Specifically for 'resize' there is a documented process too.

Comment 7 Humble Chirammal 2020-08-10 13:16:09 UTC

(In reply to Humble Chirammal from comment #5)
> (In reply to Jilju Joy from comment #4)
> > (In reply to Humble Chirammal from comment #3)
> > > The number of retries are from OCP and its not specific to "resize" , this
> > > is same as "create" or "delete" where as long as driver returns "failure" on
> > > the operations, the controller retries. 
> > Is there a manual recovery mechanism in these cases ?
> > 
> 
> 
> yes, correct the mistake for the failure or delete the object thats in
> general. 
> Specifically for 'resize' there is a documented process too.

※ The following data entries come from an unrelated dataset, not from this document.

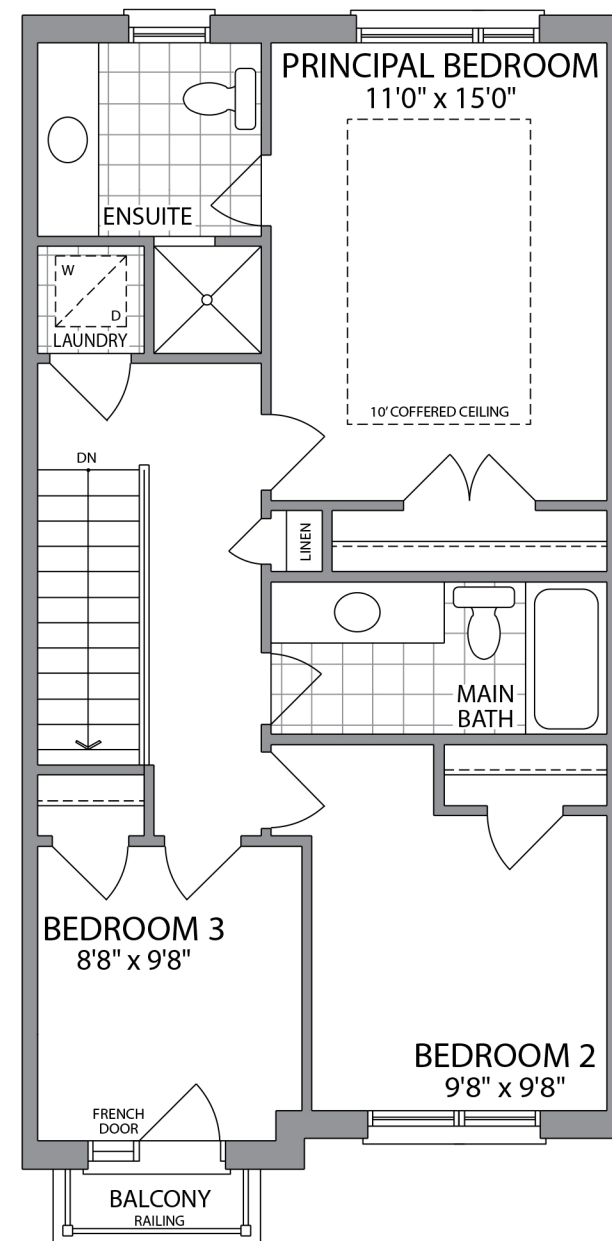

TERRACE TOWNS

The Beckham | 1950 sq. ft.

PARADISE DEVELOPMENTS

All renderings are artist's concept.

HIGH POINT
IN UPPER MOUNT PLEASANT

GROUND FLOOR ELEVATION 1

MAIN FLOOR ELEVATION 1

THIRD FLOOR ELEVATION 1

GROUND FLOOR ELEVATION 2

MAIN FLOOR ELEVATION 2

THIRD FLOOR ELEVATION 2

ELEVATION 1

ELEVATION 2

BASEMENT ELEVATION 1

BASEMENT ELEVATION 2

PARADISE DEVELOPMENTS
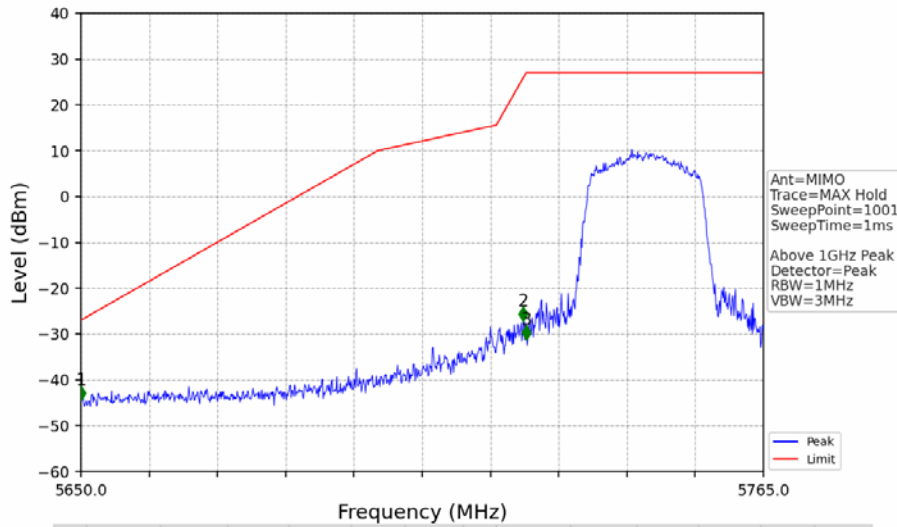

802.11ax(HEW20)_LCH_5745MHz_RU242_Left_MIMO_NTNV

No	Frequency (MHz)	Level (dBm)	Limit (dBm)	Margin (dB)	Status	Remark	No	Frequency (MHz)	Level (dBm)	Limit (dBm)	Margin (dB)	Status	Remark
1	5650.000	-44.47	-27.00	14.76	Pass	Peak	3	5725.000	-31.20	27.00	55.49	Pass	Peak
2	5724.520	-27.20	25.91	50.40	Pass	Peak
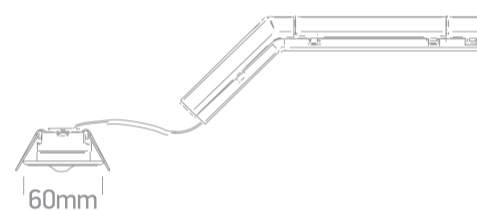

22 Emergency Lights > Emergency LED Recessed Spot

89002C

3W Emergency LED recessed, IP20, ideal for corridors. Non-maintained with self-test.

Complies with standard EN60598-1 and any other specific standards.

Downloads

Dimensions

Physical Specification

Item Group	22 Emergency Lights
Family	Emergency LED Recessed Spot
Order Code	89002C
Material	Plastic
Shape	Circular
Cutout Hole Width	45
Cutout Hole Length	130
Recessed Ceiling	Yes
Indoor	Yes
Adjustable	No

Fitting	
Input Type	Constant Voltage
Safety Class	
Power(Watts)	3W
IP Rating	IP20
Light Source	LED built in
F Mark	

Gear	
Gear Type	Emergency Kit
Input Voltage	220-240V
50 Hz	Yes
60 Hz	Yes
IP Rating	IP20
Dimmable	No
Housing Material	Plastic
Battery Capacity	5000mAh
Battery Voltage	3,6V
Operation Time	3 hours
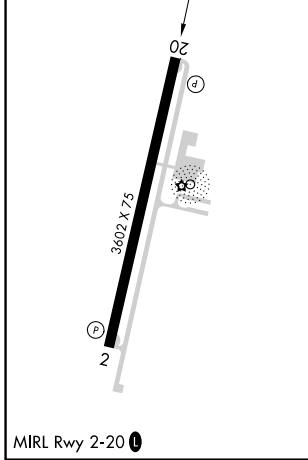

WAAS CH 82247 W20A	APP CRS 198°	Rwy Ldg 3602 TDZE 103 Apt Elev 103
--	------------------------	---

RNAV (GPS) RWY 20

SANTEE COOPER RGNL (MINI)

RNAV APCH - GPS. ⚠ Rwy 20 helicopter visibility reduction below 3/4 SM NA. For uncompensated Baro-VNAV systems, LNAV/VNAV NA below -15°C or above 51°C.	MISSED APPROACH: Climb to 800, then climbing right turn to 2300 direct DOPTe and hold.
--	--

CATEGORY	A	B	C	D
LPV DA	426-1 323 (400-1)			NA
LNAV/VNAV DA	500-1 397 (400-1 1/8)			NA
LNAV MDA	500-1	397 (400-1)	500-1 397 (400-1 1/8)	NA
CIRCLING	540-1 437 (500-1)	560-1 457 (500-1)	800-2 697 (700-2)	NA
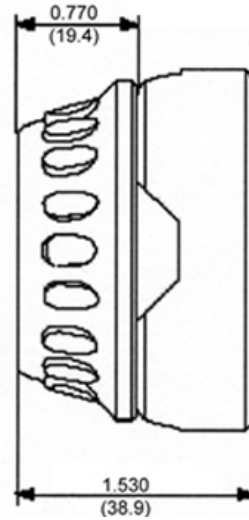

LH0405

Country of Origin	China
Certifications / Approvals	cULus, CSA, NOM
Wattage (Po)	660w
Voltage (V)	250v
Bulb Type	NA
Base Type	E26
Material	Unglazed Porcelain
Termination	#6/32 Screw Terminals
Mounting Type	Screw Mount
Dimensions(L/W/H)	_x_x1.53
Weight	0.25
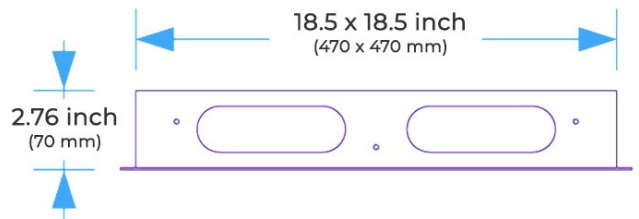

**BRUSHED GOLD REMOTE CONTROLLED THERMOSTATIC RECESSED CEILING MOUNT LED RAINFALL WATERFALL MIST MUSICAL SHOWER SYSTEM WITH HAND SHOWER AND JETTED BODY SPRAYS SPECIFICATIONS**

**Shower Head**

Shower Head 3 Functions: Waterfall, Rainfall & Mist  
 Shower head size: 20 x 20 inch  
 Each function run all together and separately  
 Music and LED light work by electronic  
 All Metal Material: Solid Brass; Stainless Steel (top showerhead, hose)  
 Shower Head Mounting: Flush on ceiling  
 Hand Spray Hose: 59 inch  
 Water flow: 2.5 GPM ~ 5.5 GPM  
 Water pressure: 0.3 MPA ~ 1 MPA  
 Water pipe lines: 3/4 inch water pipes for the hot and cold water mixer inlet, the others are 1/2 inch

**304 Stainless Steel**

Product shown is only for installation display purpose

All dimensions and specifications are nominal and may vary. Use actual products for accuracy in critical situations.

**Shower Mixer**

Product shown is only for installation display purpose

**Shower Mixer Connections**

**Hand Shower**

Flow Rate: 2.0 GPM / 7.6 LPM

**Body Jet**

Thread Interface Size: G 1/2 Inch  
 Type: Fixed Rotatable Type  
 Installation Type: Wall Mounted  
 Material: Brass  
 Feature: Can rotate 360 degrees  
 Flow Rate: 1.5 GPM / 5.7 LPM (each Bodyspray)
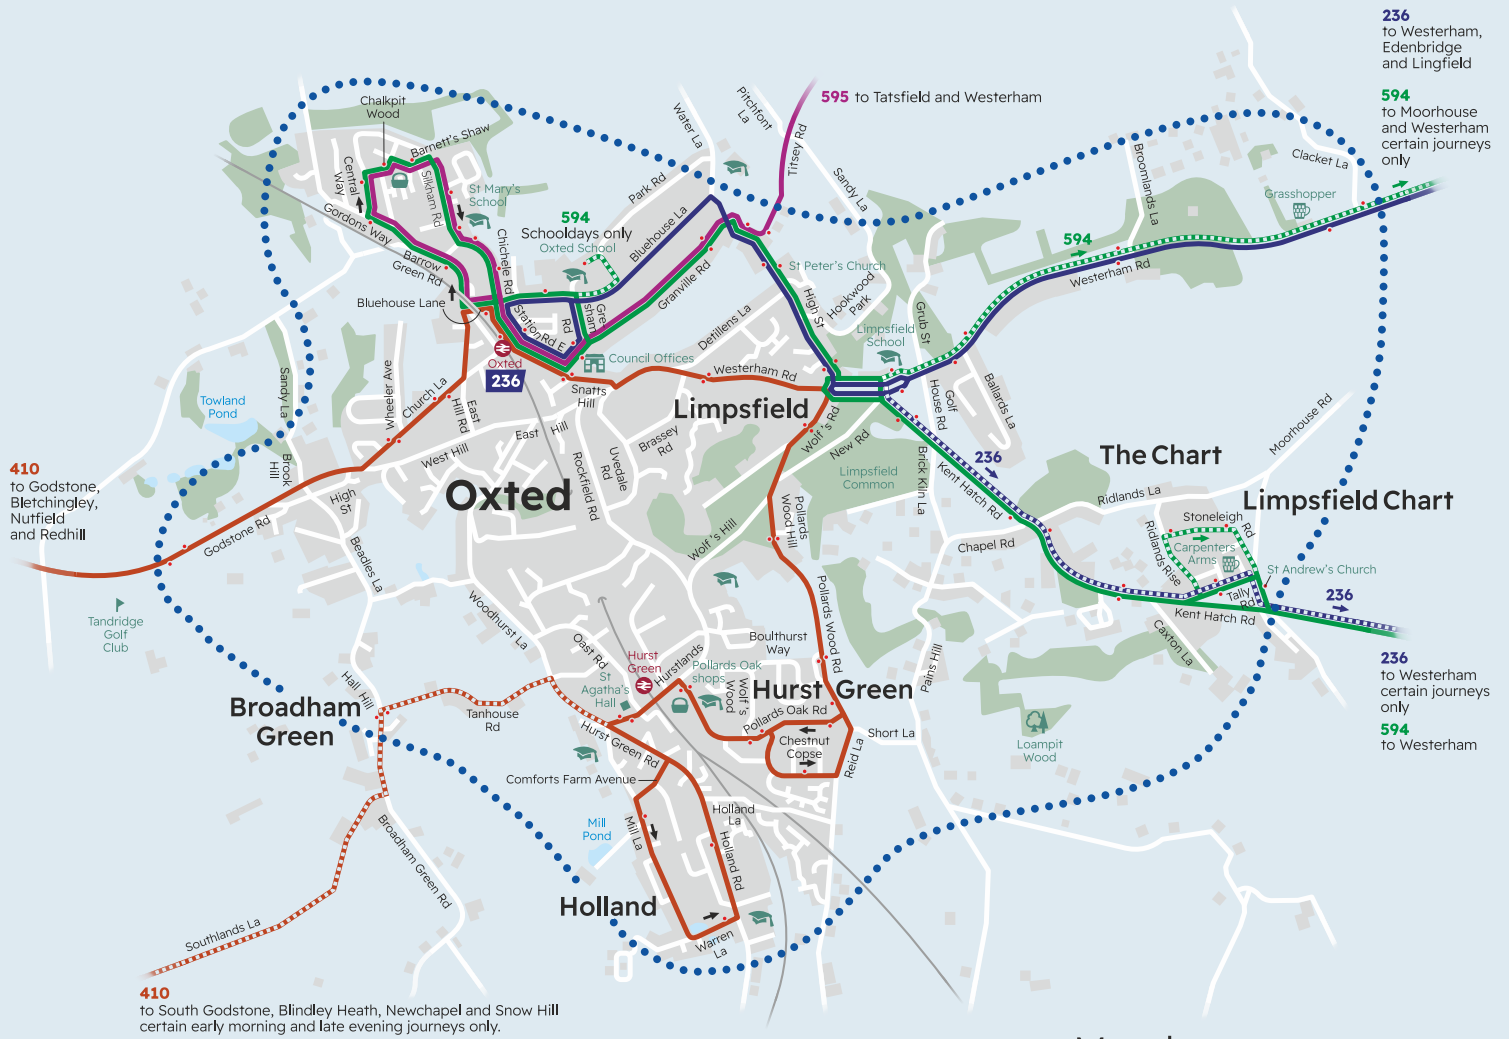

METROBUS in Oxted

Map key:

- Route 236
- Route 410, 410A
- Route 594
- Route 595
- Bus stop on route
- Certain journeys only
- 236 Routes terminating
- Railway Station
- Place of interest
- Oxted Hoppa boundary

are we in agreement to close this based on above comments?

Comment 9 Humble Chirammal 2020-08-11 11:39:01 UTC

Closing this for now as we cant do anything from OCS to stop the retry in case of a failure in general.

Comment 10 Humble Chirammal 2022-02-09 09:17:38 UTC

IN upstream there is an enhancement in place which could help to recover from failed attempts by reducing the size of the PVC.. Mentioning it here for future references.